ArrayIndexOutOfBoundsException on attempt to reconnect
Defect
We observed one of our Nats clients in our production enviroment flooded log with the following exceptions.
- First 40 minutes it was throwing the following exception during publish() call (messages consumption was healthy):
java.lang.IllegalStateException: Output queue is full 5000
at io.nats.client.impl.MessageQueue.push(MessageQueue.java:124)
at io.nats.client.impl.MessageQueue.push(MessageQueue.java:110)
at io.nats.client.impl.NatsConnectionWriter.queue(NatsConnectionWriter.java:209)
at io.nats.client.impl.NatsConnection.queueOutgoing(NatsConnection.java:1353)
at io.nats.client.impl.NatsConnection.publishInternal(NatsConnection.java:765)
at io.nats.client.impl.NatsConnection.publish(NatsConnection.java:733)
- Then both publishing and consumption didn't work for another 40 minutes till service was terminated. At this time log was flooded with the following exceptions (each time with the same last destination index and byte index):
java.util.concurrent.ExecutionException: java.lang.ArrayIndexOutOfBoundsException: arraycopy: last destination index 175759 out of bounds for byte[131555]

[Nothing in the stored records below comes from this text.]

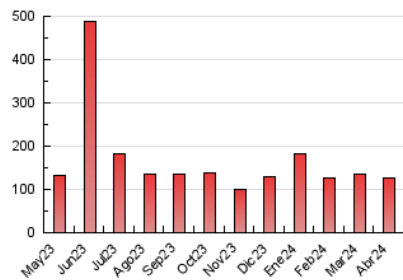

EL ASOMBRARIO & Co.
Público

1. Cifras totales y promedios (Nacional)

MES - AÑO	NAVEGADORES UNICOS	VISITAS	PAGINAS
Abril - 2024	95.938	110.813	127.152
PROMEDIO DIARIO	3.461	3.694	4.238
PROMEDIO LUNES-VIERNES	3.873	4.132	4.713
PROMEDIO SABADO-DOMINGO	2.329	2.488	2.934
PAGINAS / VISITAS	1,15		
DURACION MEDIA VISITAS	0:01:46		
TIEMPO INTERACCIÓN MEDIO	0:01:14		

2. Secciones (Nacional)

	PAGINAS	%
HOME	2.712	2.13 %
RESTO	124.440	97.87 %

3. Por día del mes (Nacional)

Día	N. únicos	Visitas	Páginas	Día	N. únicos	Visitas	Páginas	Día	N. únicos	Visitas	Páginas
1	1.926	2.076	2.420	11	2.395	2.606	3.097	21	2.272	2.477	2.895
2	3.772	3.910	4.533	12	2.575	2.908	3.341	22	2.045	2.258	2.810
3	3.345	3.541	4.017	13	1.377	1.502	1.847	23	1.925	2.143	2.720
4	2.006	2.189	2.621	14	2.343	2.499	2.989	24	1.956	2.161	2.654
5	1.755	1.935	2.330	15	2.688	2.924	3.513	25	1.682	1.863	2.163
6	1.410	1.543	1.907	16	1.897	2.089	2.520	26	1.727	1.881	2.205
7	1.942	2.087	2.476	17	7.004	7.455	8.445	27	1.614	1.755	2.094
8	2.463	2.715	3.243	18	7.165	7.548	8.651	28	1.401	1.545	1.912
9	18.976	19.582	20.845	19	7.362	7.746	8.733	29	1.456	1.624	1.923
10	6.994	7.426	8.077	20	6.275	6.498	7.348	30	2.084	2.327	2.823

4. Gráficas (Nacional)

4.1 Por día de la semana (promedio)

N. únicos / Visitas (x 100)

Páginas (x 100)

4.2 Por franja horaria (promedio)

Visitas_ (x 1000)

Páginas (x 1000)

4.3 Por meses

N. únicos / Visitas (x 1000)

Páginas (x 1000)

5. Observaciones

Este Medio Electrónico de Comunicación ha sido medido por la herramienta Google Analytics de Google (GA4)

6. Definiciones básicas (Para más información ver Normas Técnicas para el Control de los Medios Electrónicos de Comunicación)
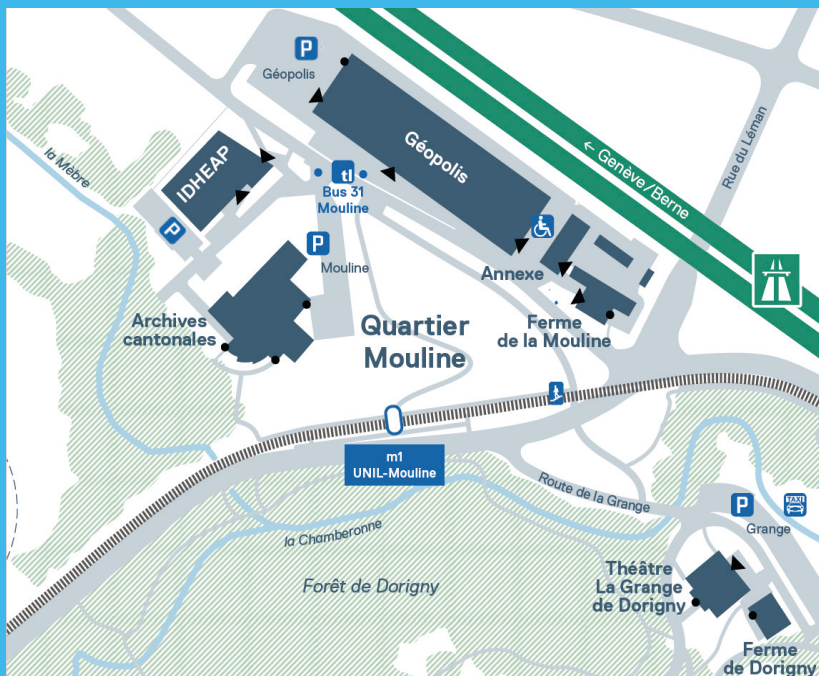

Aula de l'IDHEAP

Verre de bienvenue servi sur place dès 17h30

Discussion et session de questions-réponses

Inscriptions souhaitées, d'ici au 19 octobre 2018,
par internet : jean-monnet.ch

**UNI
FR**
■

UNIVERSITÉ DE FRIBOURG
UNIVERSITÄT FREIBURG

Ambassade du Royaume de
Belgique en Suisse

**FONDATION
JEAN MONNET
POUR L'EUROPE**

Lieu de la conférence

Université de Lausanne
Bâtiment IDHEAP
Quartier Mouline
CH - 1015 Lausanne

Accès en transports publics

Depuis la gare CFF de Lausanne, prendre le métro M2 direction Croisettes, arrêt Lausanne-Flon / puis le métro M1 direction Renens-gare, arrêt UNIL-Mouline.

Accès par l'autoroute

Suivre A1 direction Lausanne-Sud / prendre la sortie UNIL-EPFL / prendre la route cantonale direction Genève / au 1er rond-point, prendre à droite sur la route de la Chamberonne / continuer tout droit puis traverser les rails du métro / au carrefour prendre tout droit sur la rue de la Mouline.

Les parkings Géopolis et Mouline peuvent être empruntés.

Le campus de l'Unil bénéficie d'une nouvelle politique de parking. Dorénavant, toutes les places de parc sont payantes. Par ailleurs, l'usage des transports publics est encouragé.

at java.base/java.util.concurrent.FutureTask.report(FutureTask.java:122)
at java.base/java.util.concurrent.FutureTask.get(FutureTask.java:205)
at io.nats.client.impl.NatsConnection.tryToConnect(NatsConnection.java:380)
at io.nats.client.impl.NatsConnection.reconnect(NatsConnection.java:254)
at io.nats.client.impl.NatsConnection.closeSocket(NatsConnection.java:583)
at io.nats.client.impl.NatsConnection.lambda$handleCommunicationIssue$3(NatsConnection.java:541)
at java.base/java.util.concurrent.Executors$RunnableAdapter.call(Executors.java:515)
at java.base/java.util.concurrent.FutureTask.run(FutureTask.java:264)
at java.base/java.util.concurrent.ThreadPoolExecutor.runWorker(ThreadPoolExecutor.java:1128)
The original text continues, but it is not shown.